(Given entries begins)

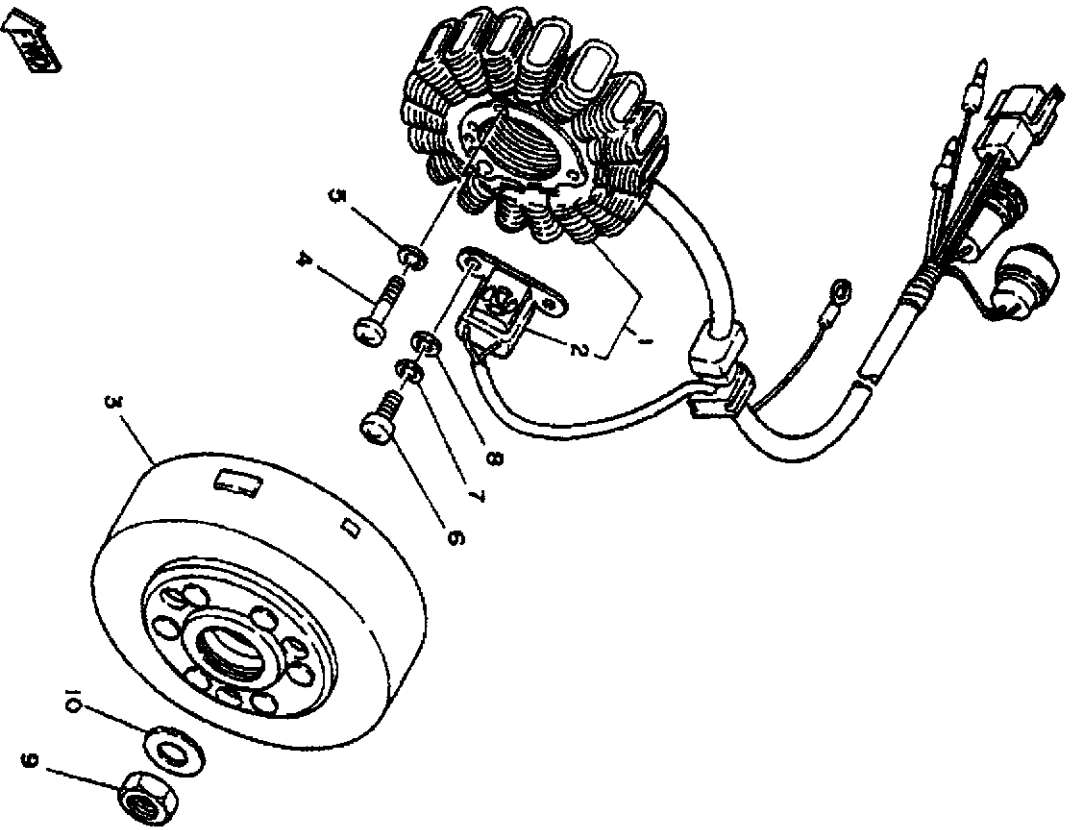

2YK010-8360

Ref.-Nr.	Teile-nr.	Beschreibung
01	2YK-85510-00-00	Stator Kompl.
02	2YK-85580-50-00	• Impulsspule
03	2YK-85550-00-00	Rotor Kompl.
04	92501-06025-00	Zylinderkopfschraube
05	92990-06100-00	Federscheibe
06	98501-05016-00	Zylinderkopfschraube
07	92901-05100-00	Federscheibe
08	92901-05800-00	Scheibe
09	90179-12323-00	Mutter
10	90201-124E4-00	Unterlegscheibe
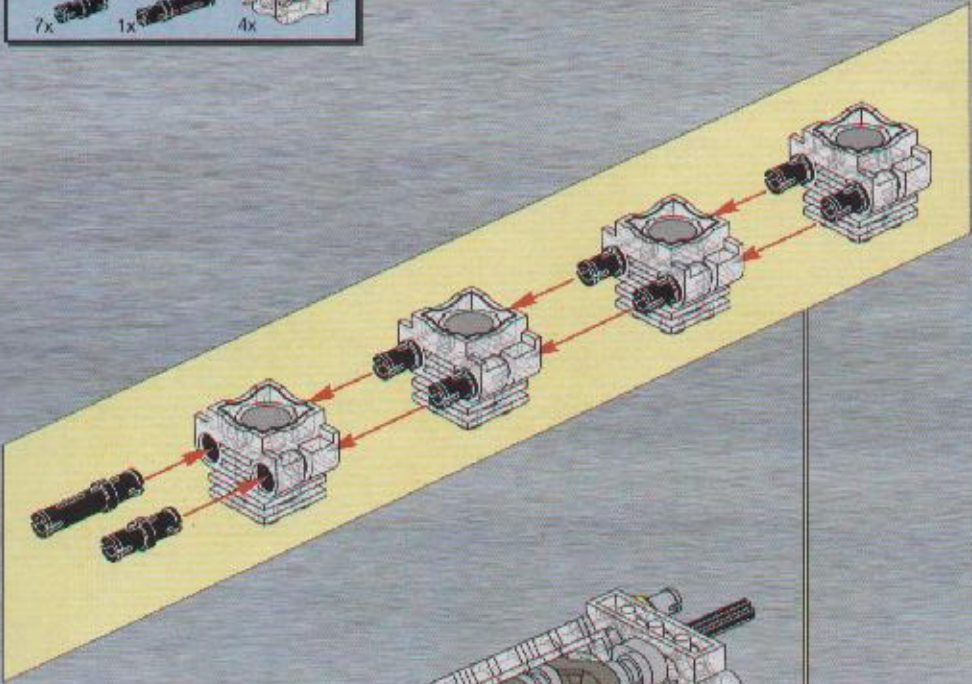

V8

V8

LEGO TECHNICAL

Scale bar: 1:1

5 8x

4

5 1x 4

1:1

(Given entries ends)

### [Assignment]
Look through the entries above and say how many lines hold the word "Zylinderkopfschraube", giving the number alone.

### [Response]
2